Edda Ghilardi Vincenti

Edda Ghilardi Vincenti, poetessa, narratrice e saggista, vive a Bergamo. Già insegnante di Lingue Straniere anche in un Istituto Universitario, si è dedicata alla scrittura letteraria dalla fine del 2002 ed ha vinto numerosi importanti premi sia nazionali che internazionali, ottenendo in moltissime occasioni il 1° premio. Sue poesie sono state tradotte in inglese, fran­cese, tedesco e spagnolo.

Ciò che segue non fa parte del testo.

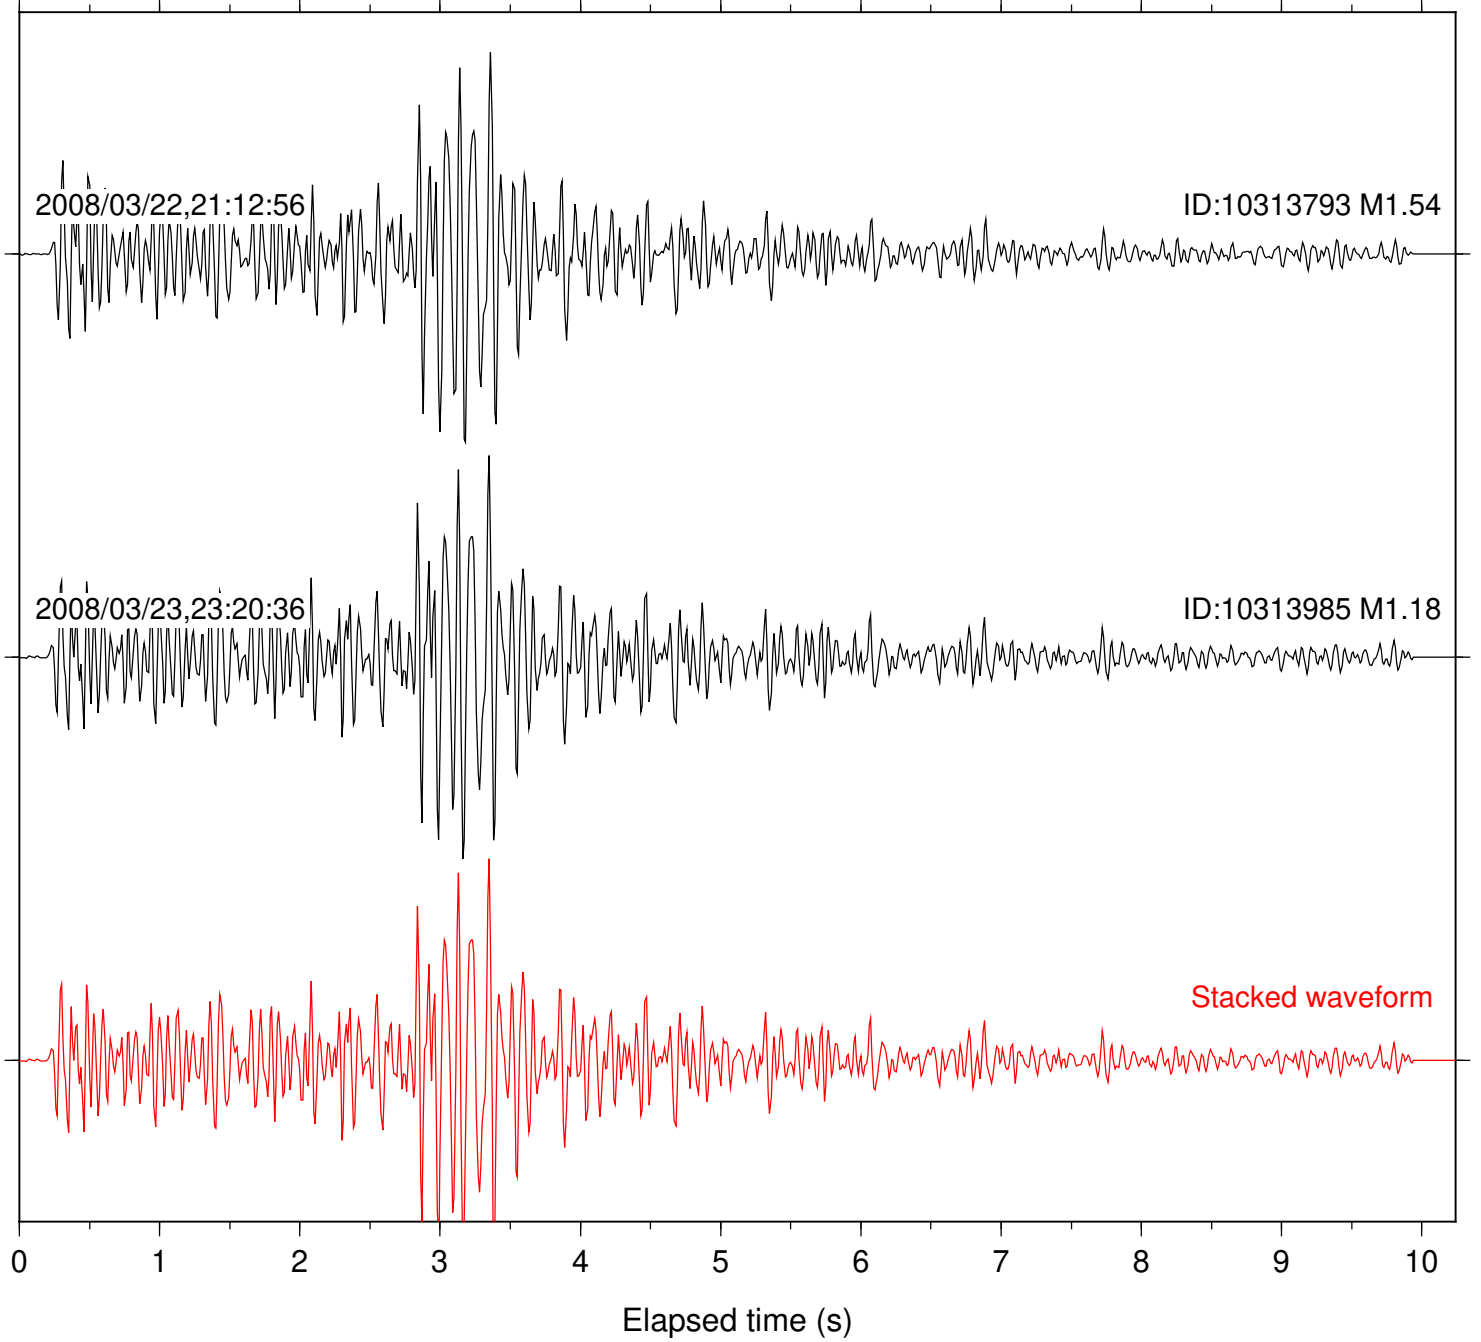

Focal depth: 10.13 km

Station: SND Com: HHZ

Focal depth: 10.10 km

Station: TOR Com: HHZ

Focal depth: 10.10 km

Station: TRO Com: HHZ

Focal depth: 10.09 km

Station: WMC Com: HHZ
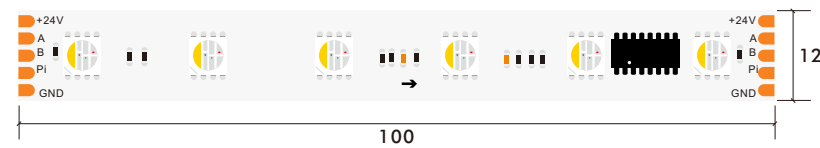

UCS512C4 UCS512H4L

12V DC 20 Pixel 5 Line 12mm 5050 60LED RGBW Color 20pixels Dmx Strip

Model Number	Voltage (dc v)	Power (w)	LED Qty (pcs)	Lumens (lm/m)	Efficacy (lm/W)	CCT&Color (K)	CRI	Cutting unit (mm)	Bean Angle (o)
S12WXX-5050MC-012DMX-060S-MY3-5X20	12	18	60	N/A	N/A	RGBW	80/90	50	120

*The strip light will come with 5 meters /reel
*All the data above is just for reference under IP20. it is different with IP65, IP66, IP67, IP68
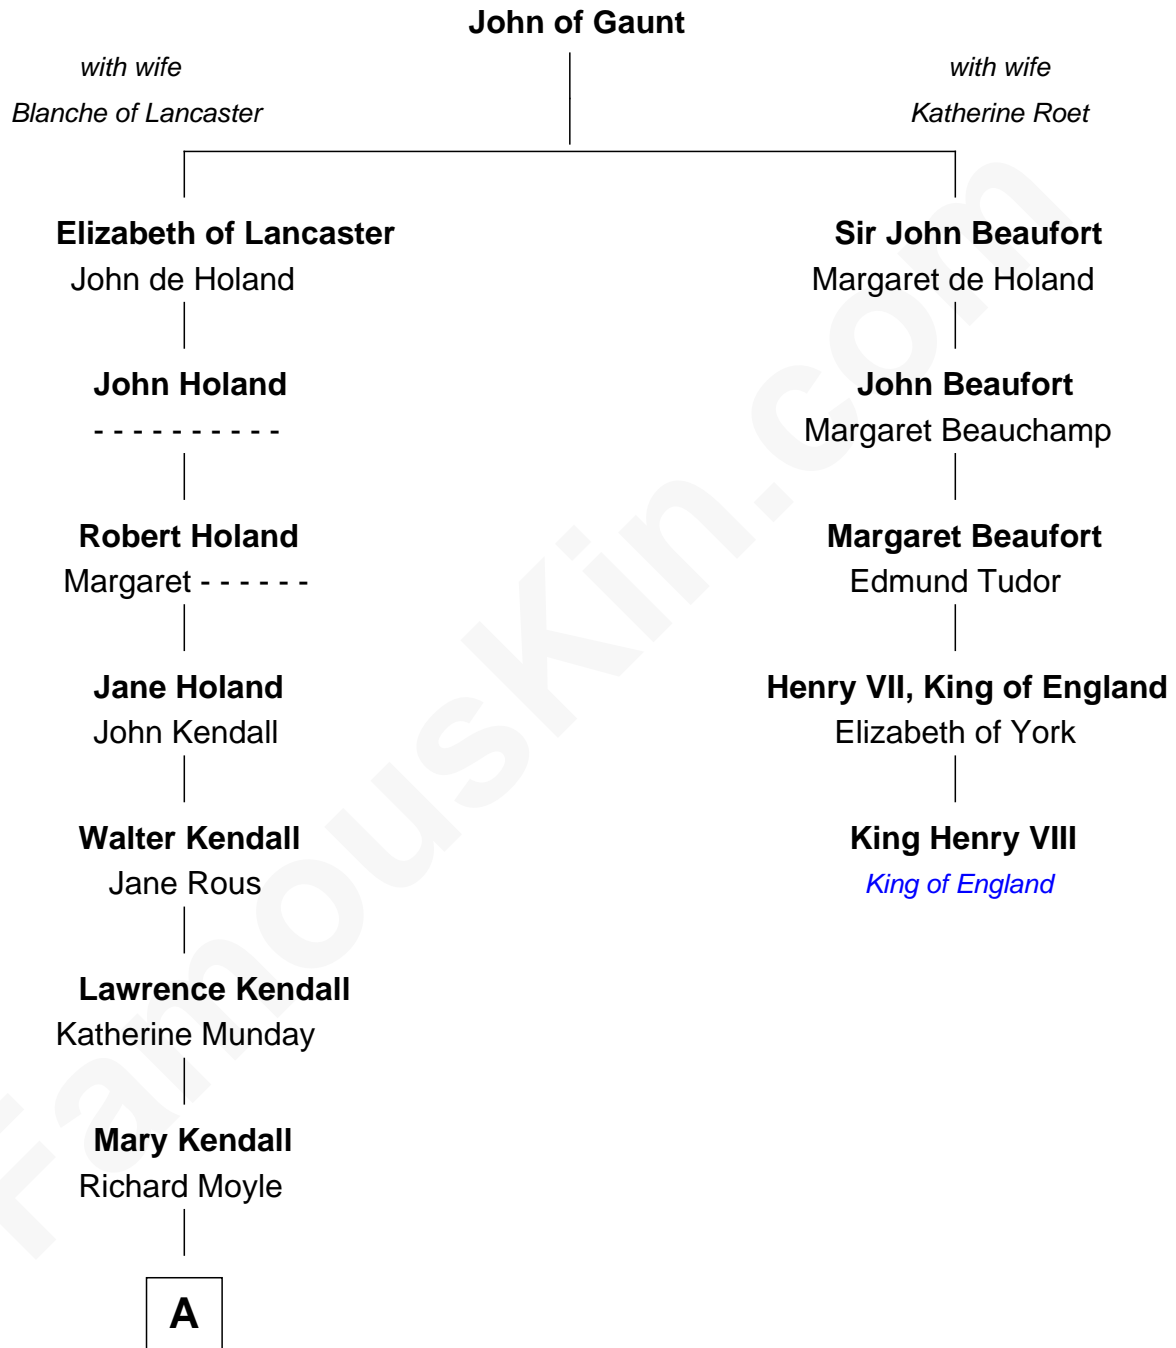

FamousKin.com Relationship Chart of

Juliette Gordon Low
Founder of the Girl Scouts

4th cousin 13 times removed of

King Henry VIII
King of England

A

—
Loveday Moyle

Henry Ashe

—
Prudence Ashe

Oliver Mainwaring

—
Oliver Mainwaring

Hannah Raymond

—
Love Mainwaring

John Richards

—
George Richards

Hester Hough

—
Mary Richards
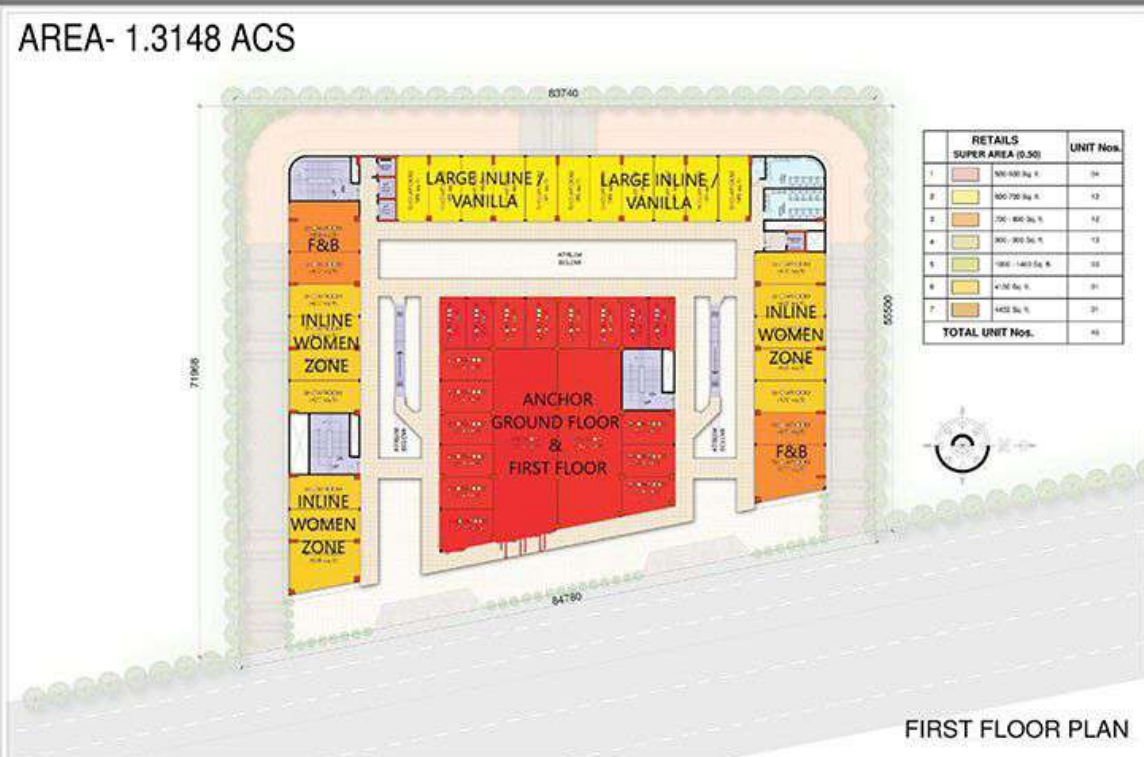

AREA- 1.3148 ACS

ANCHOR	Red
VANILLA / INLINE	Yellow
LARGE INLINE	Light Yellow
F&B	Orange
MULTIPLEX	Purple

SECOND FLOOR

AREA- 1.3148 ACS

SECOND FLOOR PLAN

ANCHOR	
VANILLA / INLINE	
LARGE INLINE	
F&B	
MULTIPLEX	

THIRD FLOOR

ANCHOR	
VANILLA / INLINE	
LARGE INLINE	
F&B	
MULTIPLEX	

FIRST FLOOR

AREA- 1.3148 ACS

	RETAILS SUPER AREA (S.S)	UNIT Nos.
1	500-600 Sq. Ft.	04
2	600-700 Sq. Ft.	12
3	700-800 Sq. Ft.	12
4	800-900 Sq. Ft.	13
5	1000-1400 Sq. Ft.	08
6	4750 Sq. Ft.	01
7	14350 Sq. Ft.	01
TOTAL UNIT Nos.		49

FIRST FLOOR PLAN

ANCHOR	
VANILLA / INLINE	
LARGE INLINE	
F&B	
MULTIPLX	

FOURTH FLOOR

ANCHOR	
VANILLA / INLINE	
LARGE INLINE	
F&B	
MULTIPLEX	

AREA- 1.3148 ACS

ANCHOR	
VANILLA / INLINE	
LARGE INLINE	
F&B	
MULTIPLEX	
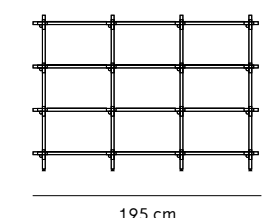

Stick System

BY JAN & HENRY

A shelving solution designed to meet the needs of the young generation – mobile and on the move – Stick System can be extended and adapted to suit any space it inhabits. Cleverly designed with maximum attention to detail, it is the creation of exciting Czech duo Jan Plecháč and Henry Wielgus.

Category: Shelving System
Materials, Shelves: Powder Coated Steel
Materials, Sticks: Solid Ash

ONLINE CONFIGURATOR AVAILABLE ON WWW.MENU.AS

Stick System, 1x4, Grey Steel/Light Ash, by Jan & Henry
TR Bulb Table/Wall Lamp, Marble/Matte Opal, by Tim Rundle

Black/
Dark Ash   White/
White Ash   Grey/
Light Ash

STICK SYSTEM 1 X 2
H: 58 cm, W: 73,4 cm, D: 50,1 cm

50008 Black/Dark Ash
50016 White/White Ash
50024 Grey/Light Ash

DKK 2.495,00 /Ex. Vat 1.996,00
NOK 3.495,00 /Ex. Vat 2.796,00
SEK 3.695,00 /Ex. Vat 2.956,00
EUR 349,95 /Ex. Vat 289,21
GBP 299,95 /Ex. Vat 249,96

STICK SYSTEM 1 X 3
H: 95,7 cm, W: 73,4 cm, D: 50,1 cm

50009 Black/Dark Ash
50017 White/White Ash
50025 Grey/Light Ash

DKK 3.995,00 /Ex. Vat 3.196,00
NOK 5.395,00 /Ex. Vat 4.316,00
SEK 5.695,00 /Ex. Vat 4.556,00
EUR 549,95 /Ex. Vat 454,50
GBP 499,95 /Ex. Vat 416,63

Black/
Dark Ash   White/
White Ash   Grey/
Light Ash

STICK SYSTEM 1 X 4
H: 133 cm, W: 73,4 cm, D: 50,1 cm

50010 Black/Dark Ash
50018 White/White Ash
50026 Grey/Light Ash

DKK 4.995,00 /Ex. Vat 3.996,00
NOK 6.695,00 /Ex. Vat 5.356,00
SEK 7.295,00 /Ex. Vat 5.836,00
EUR 699,95 /Ex. Vat 578,47
GBP 649,95 /Ex. Vat 541,63

STICK SYSTEM 1 X 5
H: 171 cm, W: 73,4 cm, D: 50,1 cm

50011 Black/Dark Ash
50019 White/White Ash
50027 Grey/Light Ash

DKK 5.995,00 /Ex. Vat 4.796,00
NOK 7.995,00 /Ex. Vat 6.396,00
SEK 8.495,00 /Ex. Vat 6.796,00
EUR 829,95 /Ex. Vat 685,91
GBP 749,95 /Ex. Vat 624,96

Black/
Dark Ash   White/
White Ash   Grey/
Light Ash
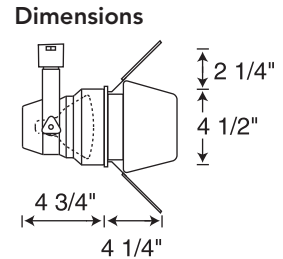

**Catalog #**  
T293WH  
T293BL  
T293SL

**Finish**  
White  
Black  
Silver

**Lamp**  
35-75W PAR30

**Catalog #**  
T292BL  
T292SL

**Finish**  
Black  
Silver

**Lamp**  
35-75W PAR30

Barn doors accept  
one lens, filter or louver.
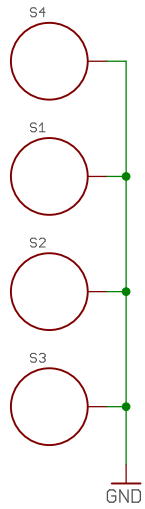

Digital & GPS

TITLE: GPS Disciplined FE5680 v5_0_7_1

Document Number:

REV:

Date: 12/3/22 11:07?PM

Sheet: 1/4

Power

TITLE: GPS Disciplined FE5680 v5_0_7_1

Document Number:

REV:

Date: 12/3/22 11:07PM

Sheet: 2/4

Oscillator Interface

TITLE: GPS Disciplined FE5680 v5_0_7_1

Document Number:

REV:

Ha pubblicato i seguenti 17 libri di poesie e 2 saggi critici: “Emozioni” (2002), “Sognando” (2003), “Vele nell’anima” (2004), “Tra terra e cielo” (2005), “Lungo il fiume dei pensieri” (2006), “Sui sentieri della vita” (2006), “Paris, Pa­ris…” – poesie scritte in francese, con tra­duzione italiana a fronte (2006), “Scorrono i giorni” (2006), “Più delle parole i silenzi” (2007), “Tra sentimenti ed incanti” (2007), “Come la bellezza l’amore” (2008), “Nel sole e nel vento” (2009), “Il respiro del silen­zio” (2010), “Sulle orme del tempo”(2011), “Lungo le vie della poesia” (2011), “Inse­guendo la luce” (2013), “Il mito del Mediterraneo in Camus” (2010), “Rileggendo ‘To the Lighthouse’ di VirginiaWoolf” (2013) e “Un ruscello di pensieri” (2014). È inserita in oltre centosettanta antologie ed è presen­te in venti pubblicazioni di Storia della Let­teratura italiana contemporanea. Di lei hanno scritto importanti critici e ri­viste letterarie di rilievo. È Senatrice e Pro­curatrice dell’Accademia Internazionale dei Micenei, Senatore e Commendatore Accademico Leopardiano dell’Accademia Internazionale Giacomo Leopardi, Accade­mica dell’Accademia culturale S. Giorgio di S. Margherita Ligure, dell’Accademia In­ternazionale Vesuviano (“International Vesuvian Academy”) di Napoli, dell’Accade­mia Internazionale della Contea di Modica. Fa inoltre parte dell’ANPAI (Associazione Nazionale Poeti, Autori ed Artisti d’Italia”) di S. Margherita Ligure, del Centro cultura­le “Il Porticciolo” di La Spezia, del Circolo Poeti e Scrittori di Empoli, del Centro Lunigianense di Studi Danteschi di Ameglia (SP) e della F.E.B.A.C. (Federazione Euro­pea Beni Artistici e Culturali). Ha ricevuto importanti premi alla carriera e diverse Onorificenze, ed è Accademico Onorarie dell’Università della Pace della Svizzera ita­liana. Ha inoltre ricevuto un Premio al me­rito culturale dalla “Universum Academy” Switzerland.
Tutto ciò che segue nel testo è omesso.